However, our experiments showed that convolutional architectures are not limited in this way, and are capable of generalising to test data that shares no features with the training data. Moreover, the underlying principles of this approach arose from models of visual cortex (neocognitron), and have become standard components in image processing networks (alexnet; vgg; effnet). In concrete terms, weight sharing allows what is learned about features present in the training data to be transferred to unseen features in the test data.

More abstractly, what connects the unseen test items to those seen in the training data is not simple featural similarity but instead a transformation that is a symmetry of the system. In the case of vision, the relevant transformation is spatial translation, allowing generalisation across positions within images. This transferred fairly directly to the identity learning task, where the test data contained familiar digits in new positions. In the case of the rule learning task, however, the relevant transformation was substitution of one word with another. Making the network symmetric under these substitutions allowed it to generalise from seen to unseen words.

In fact, this idea that input stimuli can be connected not only by sharing common features, but also in terms of transformations that map representations onto each other arises in at least a couple of other domains. In analogical reasoning, for example, knowledge from a familiar base domain is leveraged in a novel target domain by identifying a mapping from one to the other (e.g. gentner). Thus, analogy overcomes the limits of simple featural similarity in a comparable manner to that being discussed here in regards to artificial neural networks. In addition, transformations are frequently invoked to connect distinct grammatical structures in natural languages. So, passivisation - e.g. from John loves Mary to Mary is loved by John - is a transformation that preserves the basic semantics of sentences. domingos have proposed an approach to semantic parsing based on treating such transformations as symmetries.

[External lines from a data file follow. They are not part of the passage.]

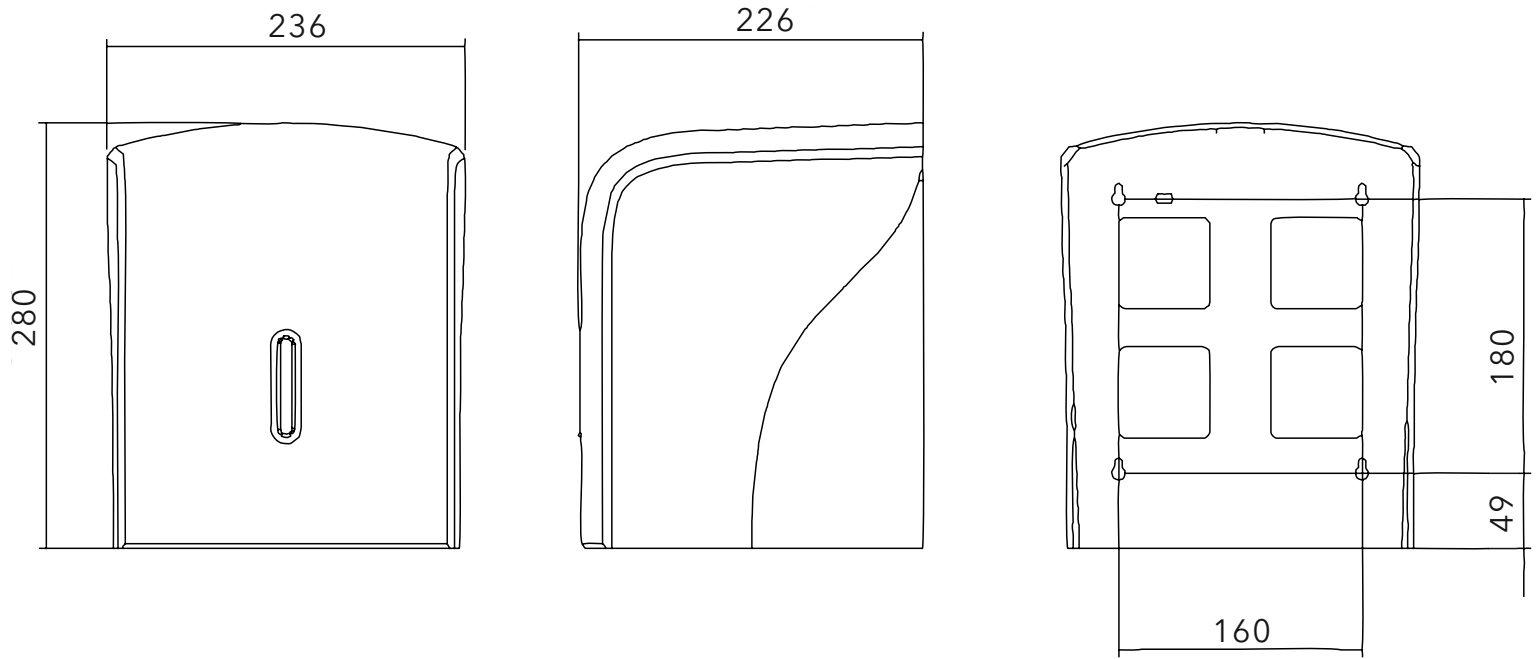

CODE:
HAL60
WRB

DIMENSIONS IN MM:-

OPEN VIEW OF DISPENSER:-

THE SYMBOL OF A GENUINE HALO DISPENSER
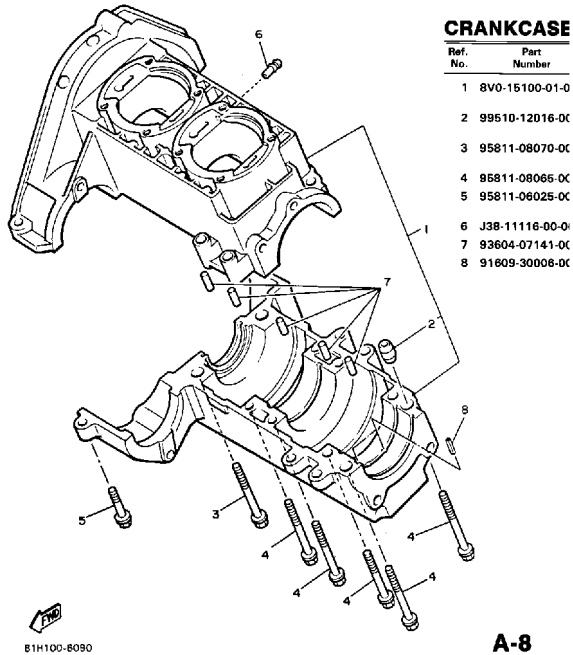

CRANKCASE

Ref. No.	Part Number	Description	Qty	Remarks
1	8V0-15100-01-00	CRANKCASE ASSEMBLY	1	
2	99510-12016-00	. PIN, DOWEL	2	
3	95811-08070-00	BOLT, FLANGE	1	
4	95811-08065-00	BOLT, FLANGE	9	
5	95811-06025-00	BOLT, FLANGE	1	
6	J38-11116-00-00	JOINT, BREATHER	1	
7	93604-07141-00	PIN, DOWEL	5	
8	91609-30006-00	PIN, SPRING	2	

Property of www.SmallEngineDiscount.com - Not for Resale
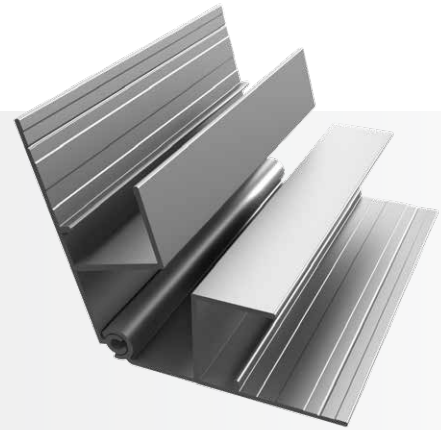

Multi-Angle Inside Corner

Category
Inside Corner

Length
10'

Series
3/4"

Description

The Multi-Angle Inside Corner is a revolutionary trim profile that can be installed to trim various desired angles from 105 to 160 degrees, replacing the time-intensive installation of 2 adjusted J trims. It includes many innovative water management features not limited to our patented EZ.Bump®.

Thus, the ideas that sameness extends beyond simple featural overlap, and that it can be useful to identify transformations which connect distinct inputs are not novel within the cognitive sciences. Here, we have shown that this perspective can be effective in obtaining generalisation to novel features with artificial neural networks. In particular, we employed two types of symmetry, one relating to the translation of digits from one position to another, and another relating to the substitution of one word with another. More generally, we speculate that similar symmetries may be relevant in handling any structures in which multiple elements can be combined in multiple configurations, with the former allowing the same element to be treated consistently wherever it occurs, and the latter supporting recognition of the same structure whichever elements instantiate it.

In the identity learning task, translational symmetry ensured that the digits in all positions were handled consistently, resulting in the same copying operation being applied to the unseen digit position. Without this constraint, the behaviour of an item in a given position would be independent of its behaviour in any other, and therefore lack a notion of being the same item. A similar problem arises whenever an element can play multiple roles within a larger structure, for example John in John loves Mary and Alice loves John.

In the rule learning task, symmetry under word substitutions allowed the ABB and ABA structures to be recognised irrespective of which words they contained. In fact, such a symmetry will typically be required whenever a process needs to be driven by structure, in a way that is consistent whatever content instantiates that structure. For example, a valid logical inference - e.g. All men are mortal and Socrates is a man, therefore Socrates is mortal - remains valid under substitutions - e.g. All men are mortal and Aristotle is a man, therefore Aristotle is mortal - that preserve the form of the inference. Thus, the fact that validity is driven by formal structure implies that these substitutions are symmetries of the processes of logical derivation.

The fact that the ABA and ABB structures containing both seen and unseen words are handled effectively implies that the knowledge embodied in the connection weights has been, to some extent, abstracted away from the particular examples seen during training. marcusetal1999 interpret the behaviour of the infants in their experiments as similarly implicating some form of abstract knowledge. In particular, they suggest that the infants in their experiment had learned algebra-like rules that represent relationships between placeholders (variables), such as ‘the first item X is the same as the third item Y’. While this mechanism for representing the structure of the sequences, in terms of using variables, is clearly distinct from the convolutional approach employed here, there are, nonetheless, underlying similarities. When, for instance, the network processes the sequence wo fe wo, the wo channels contain the values , representing the fact that this particular word occurs at the beginning and end of the sequence. Moreover, from the point of view of filters that do not discriminate between words, these values simply signal that the same item occurs in both first and third position, which is what marcusetal1999 suggest the infants are sensitive to.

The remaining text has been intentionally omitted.